-- Opening Marker --

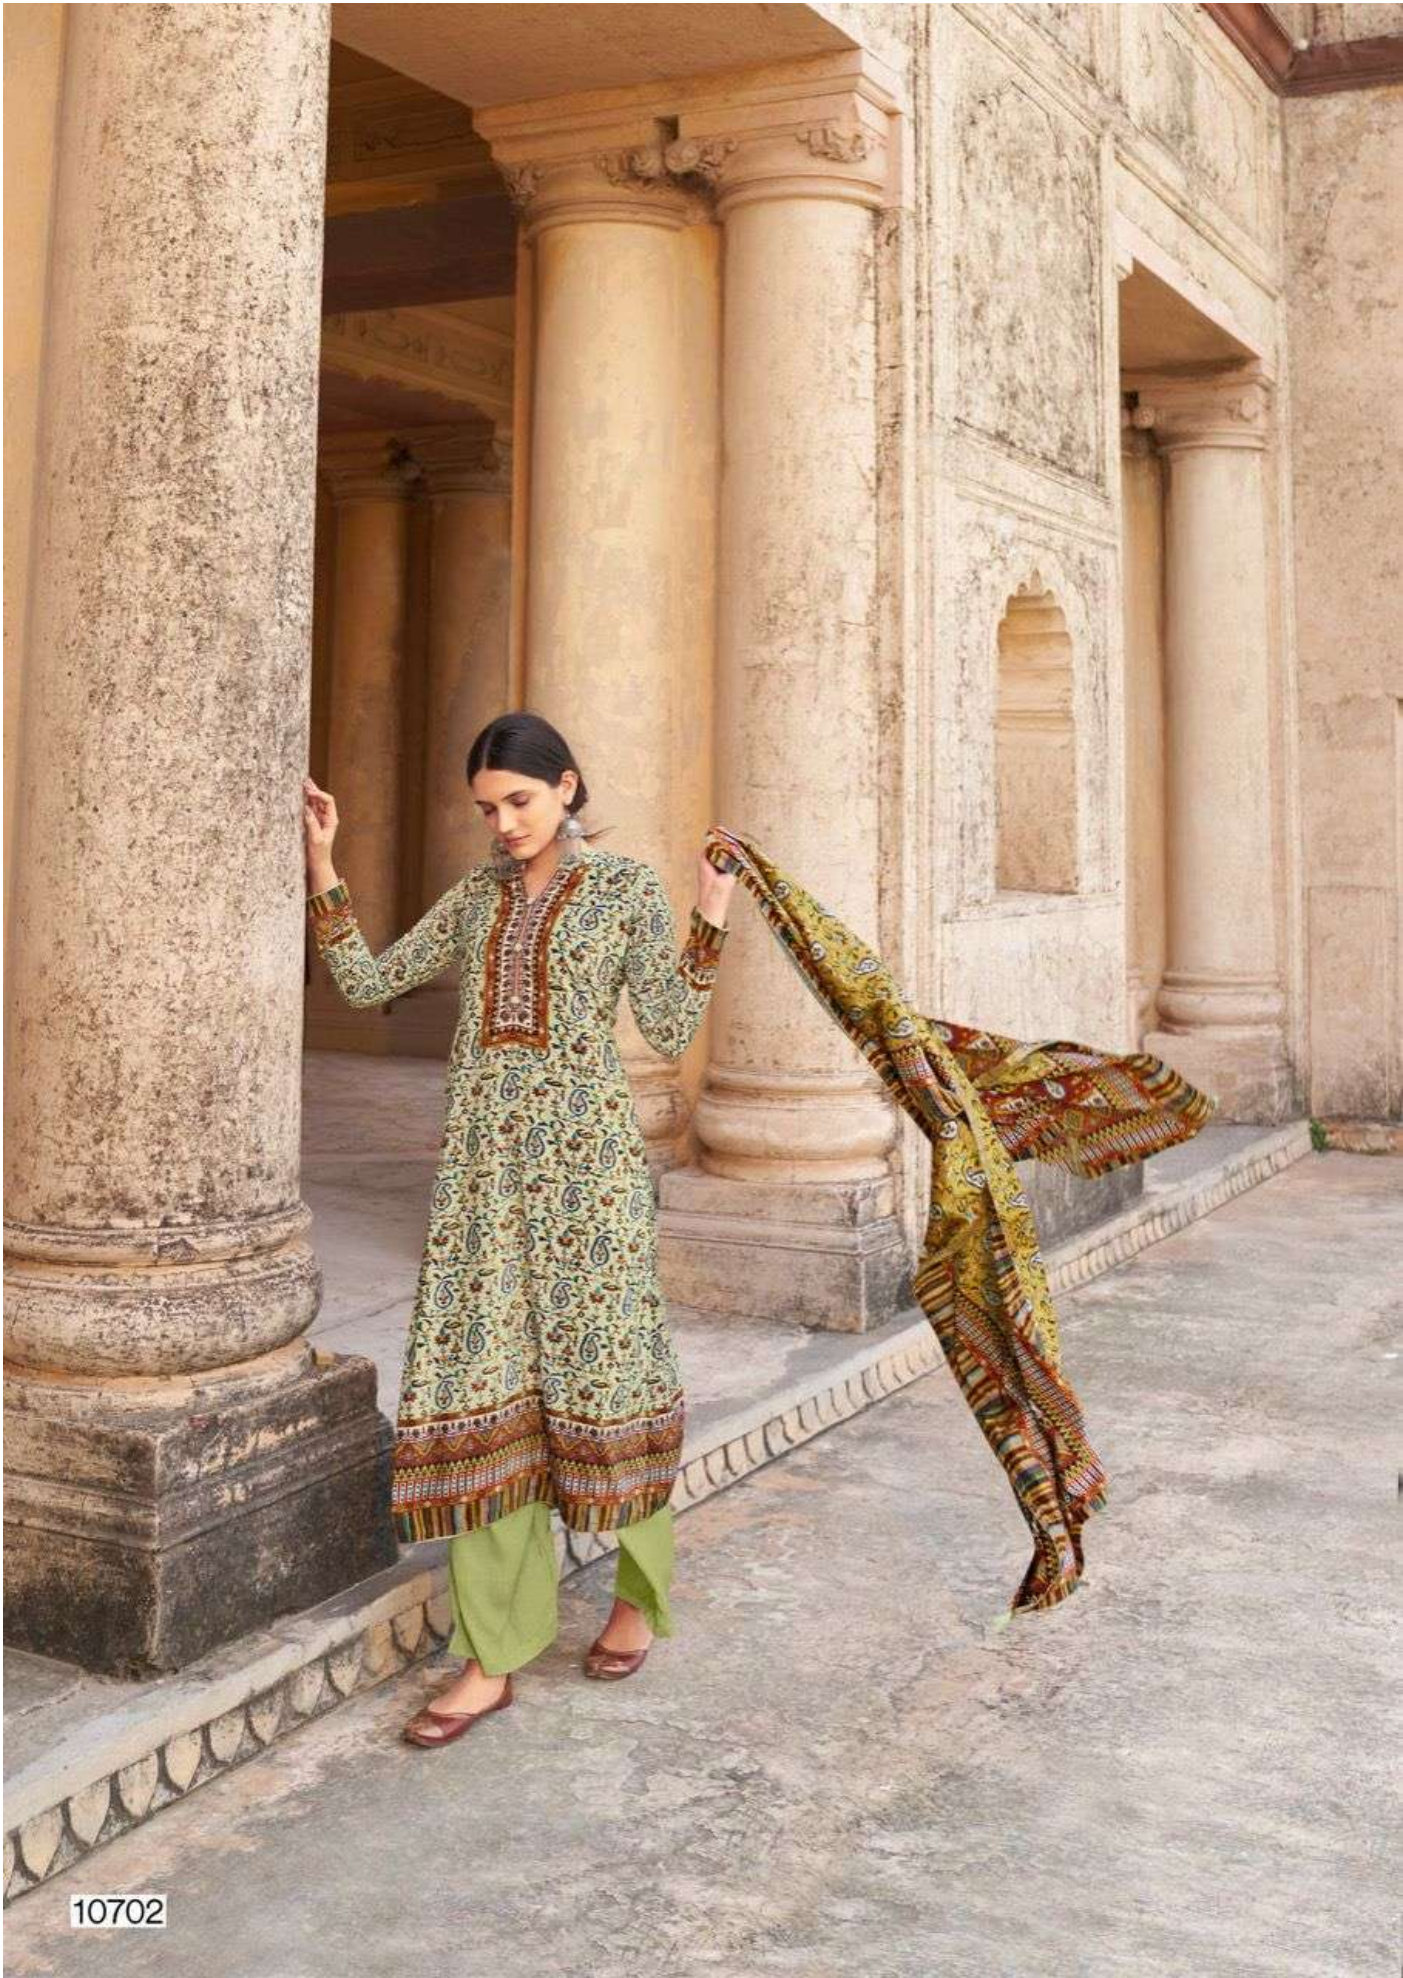

DEEPSY

suits

Kaani
PREMIUM VELVET COLLECTION

DEEPSY

suits

Kaani
PREMIUM VELVET COLLECTION

10701

10701

10701

10702

10703

10704

10705

10706

DEEPSY
 suits
Kaani
 PREMIUM VELVET COLLECTION

| DESIGN NO. | PRICE | |
|-----------------|--------|---|
| 10701 | 1350/- | :TOP: VELEVT DIGITAL PRINT |
| 10702 | 1350/- | |
| 10703 | 1350/- | :BOTTAM: PURE VISCOSE PASMINA |
| 10704 | 1350/- | |
| 10705 | 1350/- | :DUPATTA: VELEVT DIGITAL PRINT |
| 10706 | 1350/- | |
| Total Pieces: 6 | | Total Amount: 8100/-+GST |
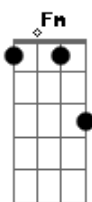

© ukulele-chords.com
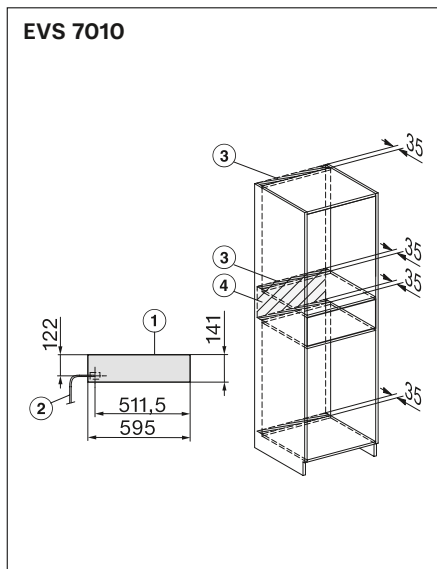

Gavetas de vácuo

Gaveta de vácuo

EVS 7010

- Gaveta de vácuo para nicho de 14 cm de altura
- Capacidade de 8 litros
- Painel de comando com símbolos
- Sistema de abertura Push2Open
- Preparação dos alimentos para cozinhar em sous-vide
- Embalagem a vácuo de sacos de tamanhos diferentes e de recipientes
- Três níveis de vácuo e selagem
- Sistema de abertura Push2open
- Medidas da gaveta de vácuo em mm (L x A x P): 595 x 141 x 570

EVS 7010

■ Preto obsidiana	11149310
■ Cinza grafite	11149320
■ Preto mate*	12343010
■ Bege pérola**	1262552

* Modelo preto mate inclui voucher para extensão de garantia gratuita de 125 semanas.
** Cor disponível a partir de novembro de 2024
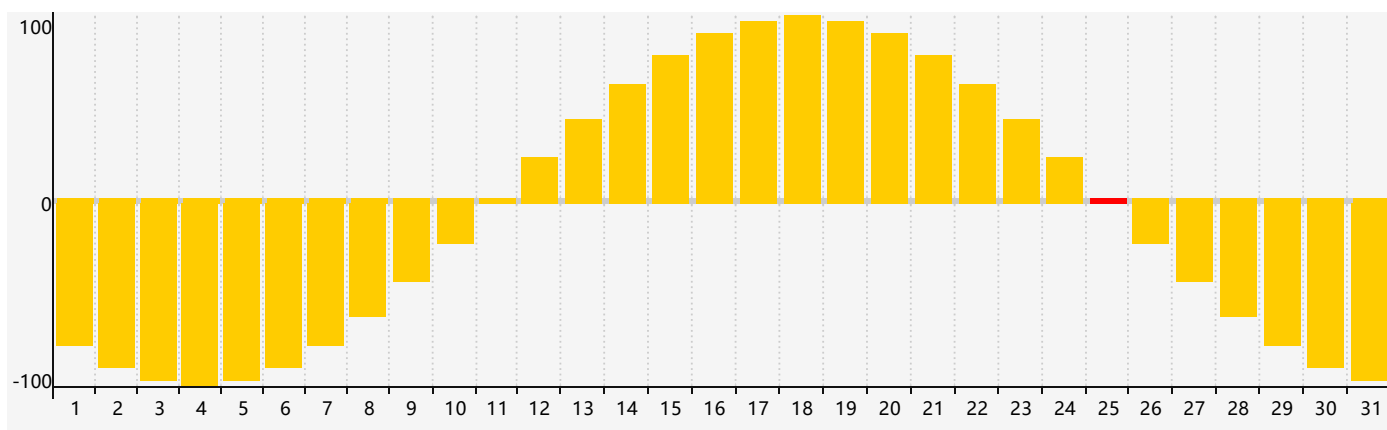

智力節律曲线图 - 2020年5月

情感節律曲线图 - 2020年5月

身體節律曲线图 - 2020年5月

公曆2020年五月 農曆庚子年 [鼠年]

星期日	星期一	星期二	星期三	星期四	星期五	星期六
初四 26	初五 27 情感臨界日	初六 28	初七 29	初八 30	初九 1	初十 2
十一 3	十二 4	立夏 十三 5	十四 6	十五 7	十六 8	十七 9
十八 10	十九 11	二十 12	廿一 13	廿二 14	廿三 15 身體臨界日	廿四 16
廿五 17	廿六 18	廿七 19	小滿 廿八 20	廿九 21 智力臨界日	三十 22	閏四月初一 23
初二 24	初三 25 情感臨界日	初四 26	初五 27	初六 28	初七 29	初八 30
初九 31	初十 1	十一 2	十二 3	十三 4	芒種 十四 5	十五 6
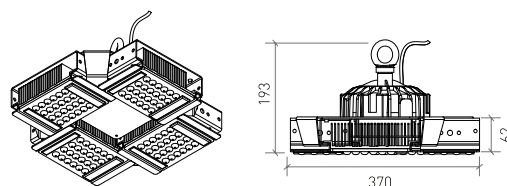

CARACTÉRISTIQUES DU LED

EFFICACITÉ LUMINEUSE	UP TO 175 lm/W
CRI	CRI→80
DURÉE DE VIE	50.000 Heures
STEPS MACADAM	4 STEPS MACADAM
LUMEN MAINTENANCE	L90/B50
RISQUE PHOTOBIOLOGIQUE	RG1
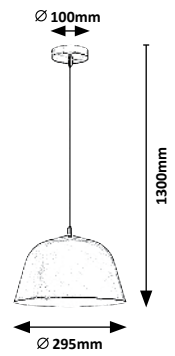

MALIA

NEW

3094

3095

3096

3094 **M**

☒ E14 / 1x max. 25W
IP20
grey/white

5 998250 330945

3095 **M**

☒ E27 / 1x max. 60W
IP20
grey/white

5 998250 330952

3096 **M**

☒ E27 / 1x max. 25W
IP20 •
grey/white

5 998250 330969
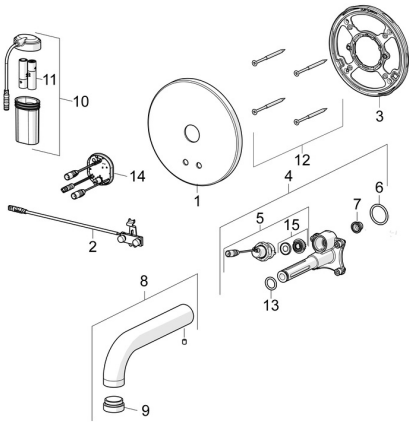

## Ersatzteile

### SP81802120

	Name	Art.-Nr.
01	Deckplatte Chrom	59914543
02	Sensor	59914648
03	Befestigungsteil <b>Ausgelaufen</b>	59914545
04	Funktionseinheit	59914546
05	Magnetventil komplett, 3 V	59914125
06	O-Ring, 23.47x2.62	59914304
07	Schmutzfangsiebe	59914085
08	Auslauf, L=310 Chrom	59914549
09	Luftsprudler, M24x1, -105	59914550
10	Batteriegehäuse inkl. Batterie	59914122
11	Batterie, 1,5 V AA Lithium	59914136
12	Schraube, M4.5x80	59912890
13	O-Ring, d 13.1x2.62	59914551
14	Kontrolleinheit, 3 V	59914552
15	Membrane für Magnetventil	1006500V
15	Membrane <b>Ausgelaufen</b>	59914126
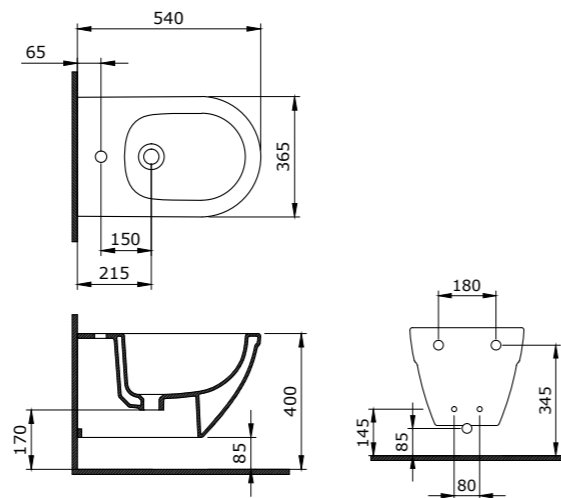

1123-001-0126

Parma Lavabo 65 cm  
Parma Washbasin 65 cm  
Parma Lavabo 65 cm

○  
001

1121-001-0120

Taormina Archasma Bide  
Taormina Archwall Hung Bidet  
Taormina Archbidet Sospeso

1124-001-0126

Parma Lavabo 85 cm  
Parma Washbasin 85 cm  
Parma Lavabo 85 cm
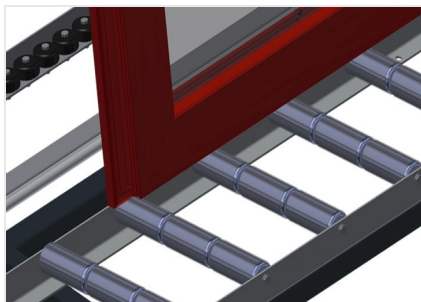

VR3000 F

Transportadoras verticais de rolos

Transportadora vertical de rolos para transportar elementos de janelas

- Construção robusta em aço
- Transportadora vertical de rolos para o transporte sem interrupções até ao próximo processamento bem como para transportar as janelas acabadas até ao armazém e a ordenação
- Manuseamento fácil dos elementos de janelas
- Cada unidade de transportadora de rolos 3 000 mm de comprimento
- Perfis corrediças em plástico superior e inferior
- Três transportadoras de roletes com rolos de borracha, diâmetro de 50 mm
- Unidade base com suporte terminal
- Transportadora vertical de rolos sobre carrilhos, móvel com rodas de friso

Opções

- Carrilho de deslocação 2,0 m tanto para o lado esquerdo como para o lado direito
- Retentor terminal para VR
- Rolo de alimentação para VR
- Protetor de perfis para rolos de suporte (alu)

Transportadora vertical de rolos VR 3000 F

Rolos de suporte

Rodas dirigíveis contínuas, largura dos rolos de suporte 200 mm, unidade de transportadora de rolos com comprimento de 2 000 mm, 3 000 mm e 4 000 mm

Transportadora de roletes

Três transportadoras de roletes com rolos de borracha, diâmetro de 50 mm

Encosto

Encosto traseiro com perfis corredeiras em plástico superior e inferior

Manejo

Manejo para deslizar facilmente a transportadora de rolos sobre carris

Unidade móvel

Dispositivo móvel com rodas de friso e imobilizador
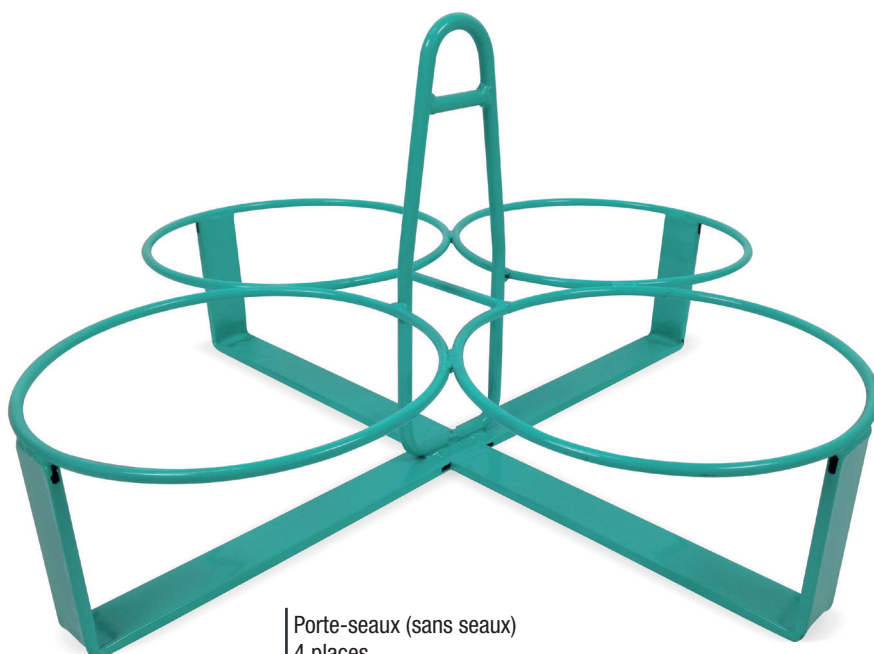

Pour tous les élévateurs

Porte-seaux (sans seaux)  
2 places

Porte-seaux (sans seaux)  
4 places

		PORTE-SEAUX 2 PLACES	PORTE-SEAUX 4 PLACES
Longueur	mm	810	820
Largeur	mm	340	820
Hauteur	mm	450	450
Poids	kg	4	8
Capacité maxi.	kg	70	150
Diamètre extérieur / intérieur	cm	34/32	34/32
Référence		03100901	03100900
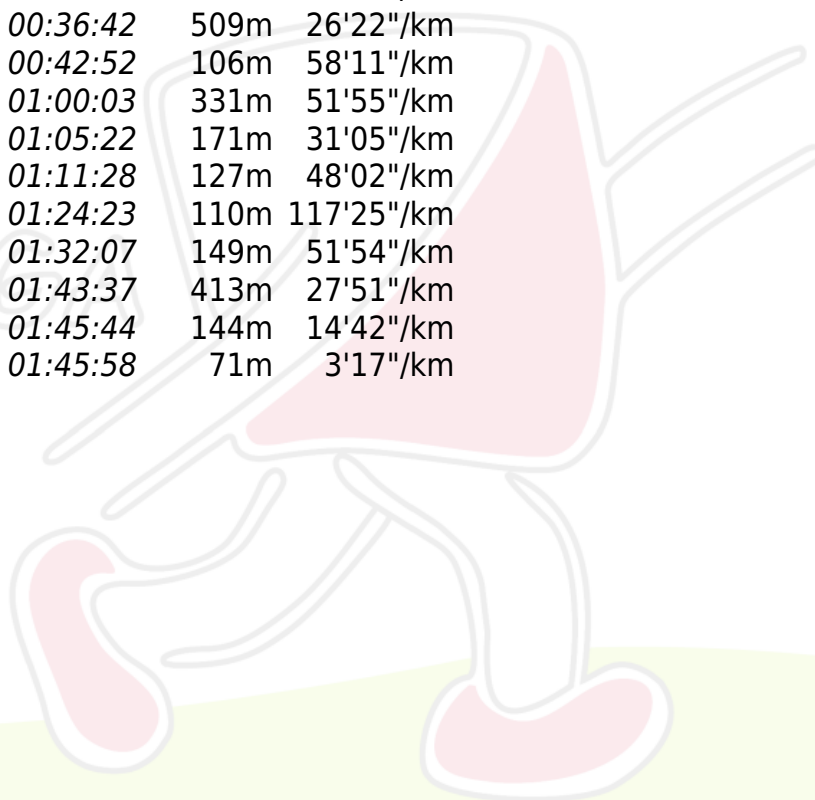

1º Percurso treino do COSEC - 2023
FAZ.SONHO DOURADO CRISTALINA 12.2.2023
Clube de Orientação Serra dos Cristais

Alexandre Rui Baralho Bianco

Clube de Orientação da Associação dos
Subtenentes e Sargentos do Exército de
Brasília

Percurso : H Adulto A

Distancia : 3300m (Desnivel 130m)

Tempo : 1:45:58 (32'07"/km)

8/16

O.K.

[Resultados completos em Webres](#)

- | | |
|--------------------------------------|---------|
| 1. Marcos do Nascimento Assis | 1:06:36 |
| 2. Murillo Marcio Alvarenga Carvalho | 1:08:36 |
| 3. João Júnio Bezerra | 1:15:45 |

1.	36	00:05:21		228m	23'28"/km
2.	34	00:01:38	00:06:59	98m	16'40"/km
3.	37	00:05:52	00:12:51	269m	21'49"/km
4.	38	00:03:53	00:16:44	189m	20'33"/km
5.	35	00:06:33	00:23:17	328m	19'58"/km
6.	46	00:13:25	00:36:42	509m	26'22"/km
7.	48	00:06:10	00:42:52	106m	58'11"/km
8.	44	00:17:11	01:00:03	331m	51'55"/km
9.	43	00:05:19	01:05:22	171m	31'05"/km
10.	42	00:06:06	01:11:28	127m	48'02"/km
11.	45	00:12:55	01:24:23	110m	117'25"/km
12.	47	00:07:44	01:32:07	149m	51'54"/km
13.	41	00:11:30	01:43:37	413m	27'51"/km
14.	52	00:02:07	01:45:44	144m	14'42"/km
15.	999	00:00:14	01:45:58	71m	3'17"/km
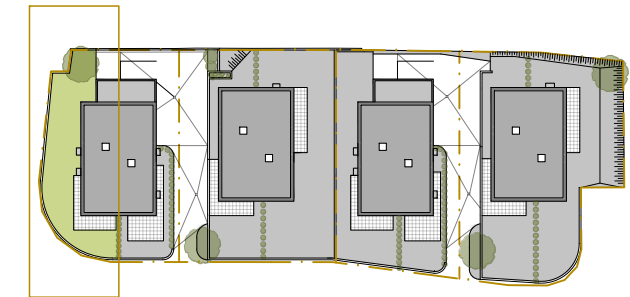

### A1 Ebene 0

Wohnen	17.15 m <sup>2</sup>
Kochen	28.83 m <sup>2</sup>
Garderobe	8.49 m <sup>2</sup>
WC	2.00 m <sup>2</sup>
Zimmer 1	13.46 m <sup>2</sup>
Zimmer 2	10.11 m <sup>2</sup>
Zimmer 3	14.74 m <sup>2</sup>
Bad	7.40 m <sup>2</sup>
Gang 1	8.78 m <sup>2</sup>
Gang 2	4.89 m <sup>2</sup>

**Wohnnutzfläche 115.85 m<sup>2</sup>**

Keller	14.59 m <sup>2</sup>
Technik	10.29 m <sup>2</sup>

Terrasse	28.44 m <sup>2</sup>
Balkon	8.33 m <sup>2</sup>
Garten	138.84 m <sup>2</sup>

Massstab M 1:125

Alle Maße sind Rohbaumaße. Maßtoleranzen bis zu +/-3% möglich. Für Möblierung Naturmaße nehmen. Die Möblierung ist im Preis nicht enthalten. Artikel und Preisabweichungen sowie Irrtum und Druckfehler vorbehalten. Stand September 2022

### A1 Ebene -1

Wohnen	17.15 m <sup>2</sup>
Kochen	28.83 m <sup>2</sup>
Garderobe	8.49 m <sup>2</sup>
WC	2.00 m <sup>2</sup>
Zimmer 1	13.46 m <sup>2</sup>
Zimmer 2	10.11 m <sup>2</sup>
Zimmer 3	14.74 m <sup>2</sup>
Bad	7.40 m <sup>2</sup>
Gang 1	8.78 m <sup>2</sup>
Gang 2	4.89 m <sup>2</sup>

-- Closing Marker --

EXERCISE OBJECTIVE | Filter the data above down to lines with the word "roletes", and copy them.

RESULT FOR THIS TASK |
- Três transportadoras de roletes com rolos de borracha, diâmetro de 50 mm
Transportadora de roletes
Três transportadoras de roletes com rolos de borracha, diâmetro de 50 mm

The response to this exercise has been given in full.